[Data extracted from a collection]
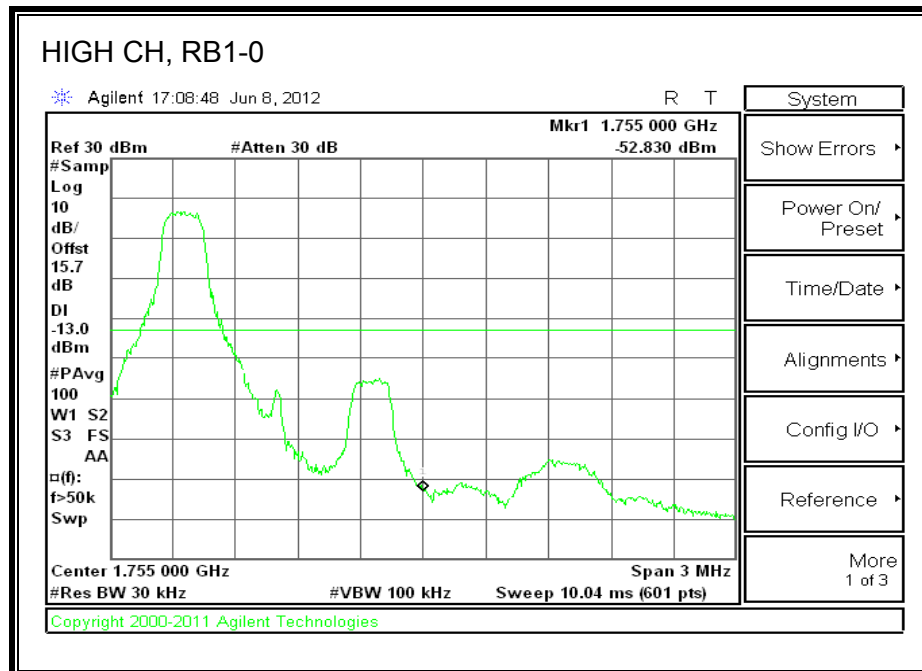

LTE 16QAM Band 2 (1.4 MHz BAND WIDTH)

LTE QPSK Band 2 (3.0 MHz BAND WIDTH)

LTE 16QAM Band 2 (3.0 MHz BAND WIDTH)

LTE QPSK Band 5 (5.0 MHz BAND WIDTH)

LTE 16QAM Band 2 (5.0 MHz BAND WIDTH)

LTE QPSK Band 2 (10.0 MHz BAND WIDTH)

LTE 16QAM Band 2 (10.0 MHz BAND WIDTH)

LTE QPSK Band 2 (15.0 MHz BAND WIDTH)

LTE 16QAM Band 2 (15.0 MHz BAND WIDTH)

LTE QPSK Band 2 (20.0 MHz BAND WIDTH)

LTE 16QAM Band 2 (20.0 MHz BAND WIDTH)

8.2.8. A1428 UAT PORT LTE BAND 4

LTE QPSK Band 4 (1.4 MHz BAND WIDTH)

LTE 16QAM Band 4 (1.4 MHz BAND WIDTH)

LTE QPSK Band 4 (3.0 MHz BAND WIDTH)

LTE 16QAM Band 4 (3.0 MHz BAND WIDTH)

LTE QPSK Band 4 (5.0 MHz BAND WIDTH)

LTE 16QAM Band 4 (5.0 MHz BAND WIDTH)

> _EXERCISE OBJECTIVE_:
Which lines of the records above contain the word "QPSK"? Show each of them.

> _EXERCISE RESULT_:
LTE QPSK Band 2 (3.0 MHz BAND WIDTH)
LTE QPSK Band 5 (5.0 MHz BAND WIDTH)
LTE QPSK Band 2 (10.0 MHz BAND WIDTH)
LTE QPSK Band 2 (15.0 MHz BAND WIDTH)
LTE QPSK Band 2 (20.0 MHz BAND WIDTH)
LTE QPSK Band 4 (1.4 MHz BAND WIDTH)
LTE QPSK Band 4 (3.0 MHz BAND WIDTH)
LTE QPSK Band 4 (5.0 MHz BAND WIDTH)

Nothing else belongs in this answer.